François Bayrou, candidat antisystème?
19 janvier 2012
C'est la nouvelle mode chez mes confrères: qualifier François Bayrou de "candidat antisystème"!
Encore faut-il s'entendre sur ce que l'on appelle le "système".
Si le "système" c'est le microcosme parisien, François Bayrou le fréquente de fait mais n'appartient effectivement pas à cette société de connivences et d'intérêts. Pire: le centriste s'oppose à un de ses mantras, la bipolarisation (cf. l'éditorial de Jean-Marie Colombani dans Le Monde du 19 avril 2007 sur l'"Impératif démocratique").
Si le "système" c'est la pensée dominante néolibérale et monétariste (le "cercle de la raison" comme disait Alain Minc), alors François Bayrou est au centre du système, dont la construction européenne a été jusque-là le cheval de Troie.
En ce domaine, François Bayrou a en effet effectué sur le fond exactement les mêmes choix politiques que Nicolas Sarkozy et François Hollande (ou leurs prédécesseurs respectifs), de l'Acte unique européen au projet de Constitution européenne en passant par le traité de Maastricht. Autant de débats qui ont successivement délimité la frontière entre pensée dominante d'une part, pensées critiques ou alternatives d'autre part.
Sur la forme, en revanche, il est vrai que le candidat centriste se distingue en souhaitant associer démocratiquement le peuple français à ce choix, là où les deux autres semblent se contenter d'une sorte de nouveau "despotisme éclairé" (la droite parce que l'Union européenne est perçue comme le levier pour libéraliser la France en contournant l'étatisme jacobin des Français, la gauche parce qu'elle n'assume pas à Paris le néolibéralisme et le monétarisme qu'elle soutient à Bruxelles).
Mieux: en promouvant une "majorité centrale" réunissant autour du centre les "modérés" de droite et de gauche, François Bayrou aboutit justement à détacher de la droite et de la gauche ceux qui proposent une "autre politique". Bref, à retirer les quelques grains de sable qui survivent dans le système lorsque la droite ou la gauche sont au pouvoir.
7 commentaires
Rappelons tout de même qu'il s'est opposé, avec l'UDF et contre l'UMP/PS, au traité de Nice. Etre favorable à la construction européenne ne signifie pas accepter n'importe quoi sous prétexte que c'est européen.
Idem lors du TCE: pour Bayrou si nouveau traité, nouveau référendum. Idem sur le référendum grec de Papandréou (finalement jamais organisé): légitime à ses yeux.
Est-ce parce que Bayrou est cohérent qu'il est dit "antisystème" ?
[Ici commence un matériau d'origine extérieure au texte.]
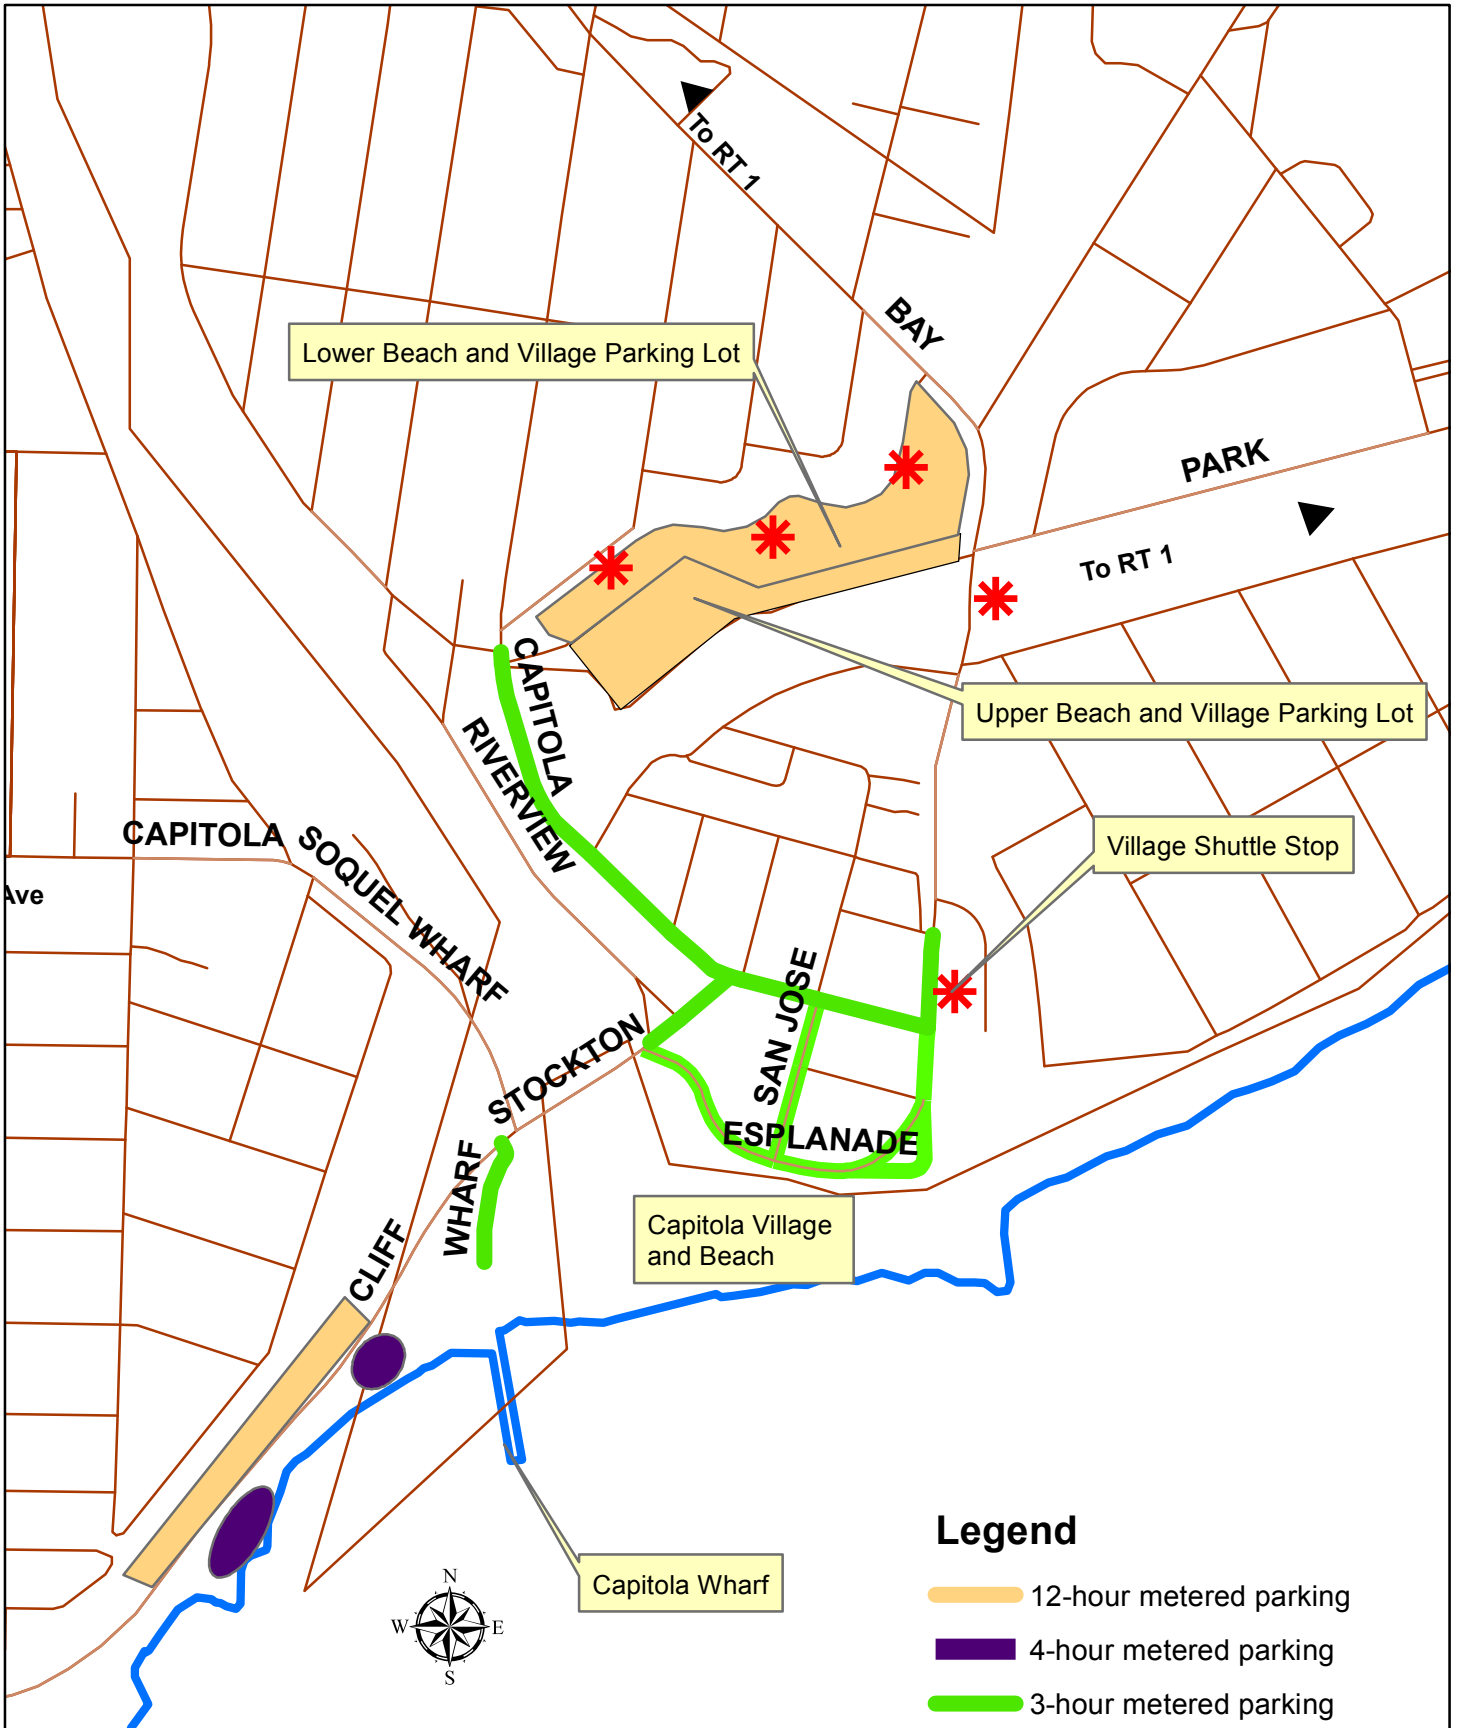

Capitola Village Public Parking Map

Note: Capitola Beach Shuttle operates out of the Lower Beach and Village Parking Lot on weekends and holidays from Memorial Day through mid-September

Bravo Laurent pour cette note tout à fait juste. Un seul bémol sur la pensée dominante néolibérale. Tu sais bien que Bayrou est beaucoup plus proche de Mounier et globlament de la démocratie chrétienne sur ce point. Or, même si on n'en parle jamais, le personnalisme et la démocratie chrétienne avait développé une pensée économique tout à fait originale ( qui en bien des points n'était pas si éloignée d'un certain socialisme non marxiste).
@tlanoy: oui, je suis bien entendu d'accord ...en théorie! En pratique, cependant, autant Bayrou a rompu avec la droite sur le positionnement politique, autant sur les idées la rupture ne me semble pas évidente. Et pour cause: comme Hollande, remettre en cause le néolibéralisme reviendrait à remettre en cause l'actuelle construction européenne et ses propres choix passés. Ce qui est tout à fait envisageable, mais ce qu'il/s ne fait/font pas. Par ailleurs, la fameuse "règle d'or" est un des fondements du néolibéralisme...
Tout le monde pourrait se définir anti Systeme, si ce mot polysémique faisait l unanimité au sein des partis poltiques. Bayrou en restant dans un certain flou quant a la définition du Systeme, permet de se présenter comme une alternatif raisonnable a l UMPS.Il semblerait que ce soit une simple posture mamheureusement...
@ Laurent de Boissieu : merci pour les précisions.
Mais sur "la fameuse "règle d'or" est un des fondements du néolibéralisme." : est-ce bien vrai ?
Les néolibéraux au sens de Bush, Brown, Sarkozy… ont fait tout le contraire : une bulle de déficits. Ce sont des gouvernements d'inspiration démocrate (Allemagne) ou socialiste (Espagne) qui ont voté une telle règle.
La règle d'or signifie 1) prise en considération des prochaines générations dans les choix d'aujourd'hui, 2) gestion responsable des fonds publics : deux choses bien étrangères à la philosophie libérale (je dis bien étrangères — non pas contradictoires. Ce sont simplement des choses qui n'intéressent pas les libéraux, attachés 1) aux droits des personnes physiques et morales d'aujourd'hui, 2) à la réduction des Etats et en premier lieu des impôts).